Pero antes aún de ser el modelo de toda obediencia, Cristo es Aquel a quien se dirige toda obediencia cristiana. En efecto, el poner en práctica sus palabras hace efectivo el discipulado (cf. Mt 7, 24) y la observancia de sus mandamientos vuelve concreto el amor hacia Él y atrae el amor del Padre (cf. Jn 14, 21). Él es el centro de la comunidad religiosa como aquél que sirve (Lc 22, 27), pero también como aquél a quien confiesa la propia fe («creéis en Dios; creed también en mi»: Jn 14,1) y presta obediencia, porque sólo en ella se realiza un seguimiento firme y perseverante: «En realidad, es el mismo Señor resucitado, nuevamente presente entre los hermanos y las hermanas reunidos en su nombre, quien indica el camino por recorrer».14

NOTAS
10 San Bernardo, Sermones diversos, 42, 3, en Obras completas de San Bernardo, BAC 497, Madrid 1988, VI, 317.
11 San Bernardo, Errores de Pedro Abelardo, 8, 21, en Obras completas de San Bernardo, BAC 452, Madrid 1984, II, 563.
12 Benedicto XVI, Carta encíclica Spe salvi (30 noviembre 2007), 43; cf.
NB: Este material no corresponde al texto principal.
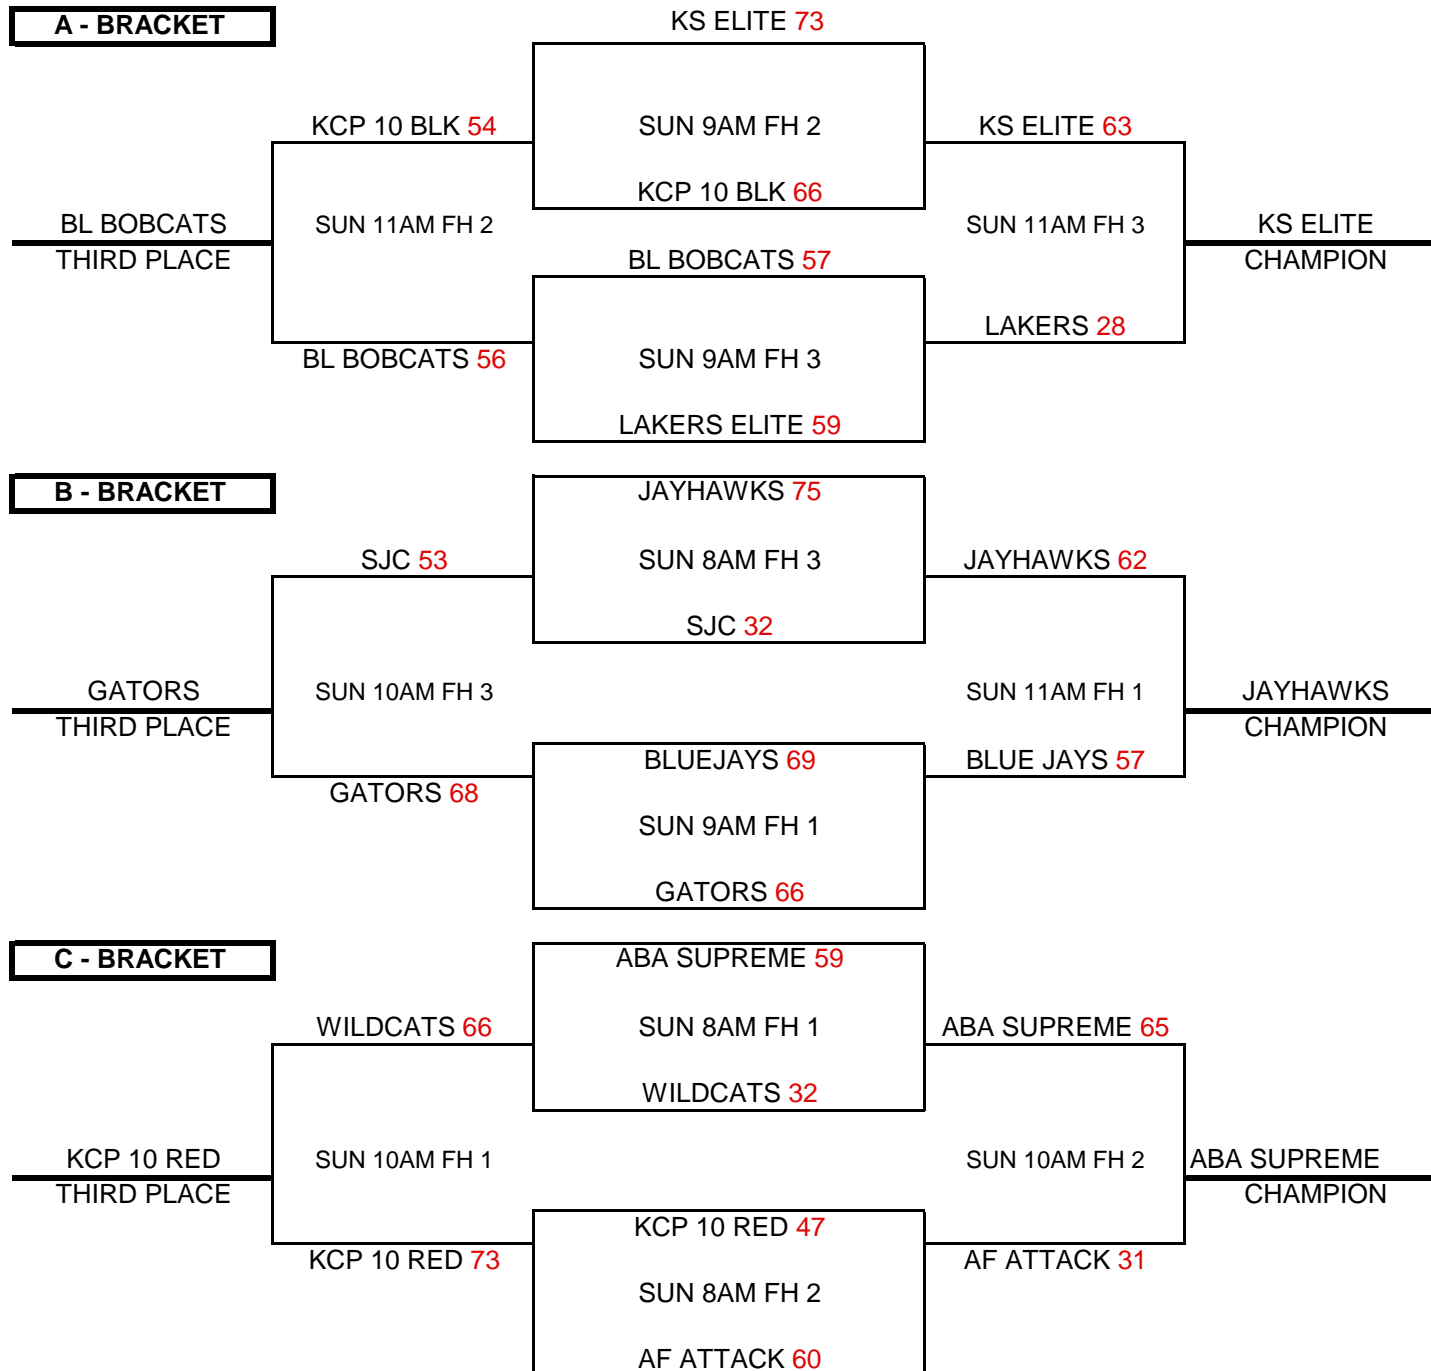

KC PREMIERE/SHIRTS & SKINS/MAYB NATIONAL QUALIFIER

9TH/10TH GRADE BOYS RED DIVISION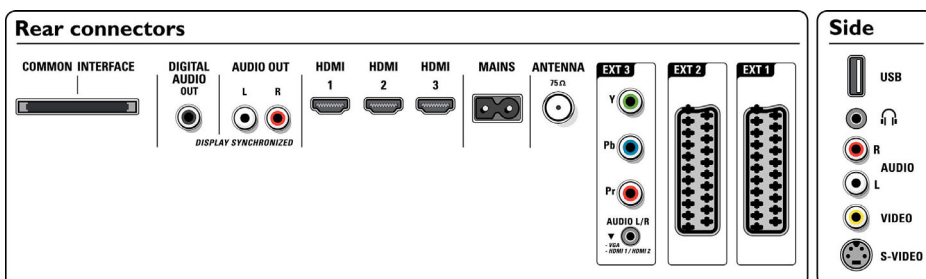

Sound

- Output power (RMS): 2 x 8 W
- Sound System: Virtual Dolby Digital, BBE
- Sound Enhancement: Digital Signal Processing, Graphic Equalizer, Dynamic Bass Enhancement

Loudspeakers

- Built-in speakers: 4
- Loudspeaker types: Integrated woofers with wOOx, Dome tweeter

Connectivity

- HDMI features: Cable equalization, Category 1 and 2 cables, Compressed audio, Multi-rate pref. format support, PC format support, Resolutions 720p, 1080i, 1080p
- Front/Side connections: Audio L/R in, CVBS in, Headphones Out, S-video in, USB
- Ext 1 Scart: Audio L/R, CVBS in/out, RGB
- Ext 2 Scart: Audio L/R, CVBS in/out, RGB
- Other connections: Analogue audio Left/Right out, S/PDIF out (coaxial), Common Interface

- Ext 3: YPbPr, Audio L/R in
- Ext 4: HDMI v1.3
- Ext 5: HDMI v1.3
- Ext 6: HDMI v1.3

Power

- Mains power: AC 220-240 V +/- 10%
- Ambient temperature: 5°C to 35°C
- Power consumption: 275 W
- Standby power consumption: 0.8 W

Accessories

- Included accessories: Tabletop swivel stand, RF antenna cable

Dimensions

- Set Width: 1170 mm
- Set Height: 736 mm
- Set Depth: 125 mm
- Product weight: 33.5 kg
- Set height (with stand): 801 mm
- Set depth (with stand): 297 mm
- Product weight (+stand): 38.1 kg
- Box width: 1274 mm
- Box height: 943 mm
- Box depth: 331 mm
- Weight incl. Packaging: 59 (tbc) kg
- Wall-mount compatible: 600 x 400 mm

Issue date 2023-07-13

Version: 7.0.21

EAN: 87 12581 33151 1

© 2023 Koninklijke Philips N.V.
All Rights reserved.

Specifications are subject to change without notice.
Trademarks are the property of Koninklijke Philips N.V.
or their respective owners.

www.philips.com

* DVB-T, supported in selected countries only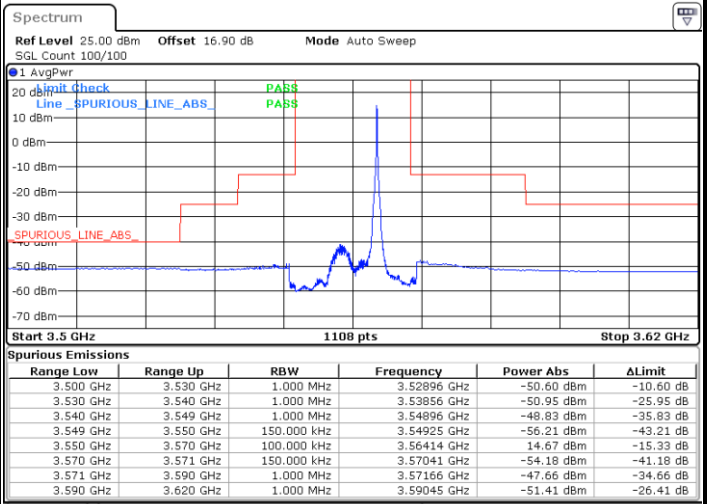

N/A

Date: 27.SEP.2020 18:24:38

LTE Band 48 / 10MHz

64QAM

Highest Channel / 1RB0

Highest Channel / 1RBmax

Date: 27.SEP.2020 18:14:03

Date: 27.SEP.2020 18:37:50

Highest Channel / FullIRB

N/A

Date: 27.SEP.2020 18:25:57

LTE Band 48 / 15MHz

64QAM

Lowest Channel / 1RB0

Lowest Channel / 1RBmax

Date: 27.SEP.2020 18:44:27

Date: 27.SEP.2020 19:08:13

Lowest Channel / FullRB

N/A

Date: 27.SEP.2020 18:56:20

LTE Band 48 / 15MHz

64QAM

Middle Channel / 1RB0

Middle Channel / 1RBmax

Conc. Ecum. Lateranense IV, in DS 806.
13 «Más interior que lo íntimo mío». San Agustín, Confesiones III, 6, 11, en Obras de San Agustín, BAC 11, Madrid 1955, II, 165.
14 Benedicto XVI, Carta al Prefecto de la Congregación para los Institutos de Vida Consagrada y las Sociedades de Vida Apostólica con ocasión de la Plenaria (27 de septiembre 2005), en L'Osservatore romano, edición semanal en lengua española, 14 de octubre de 2005, 4.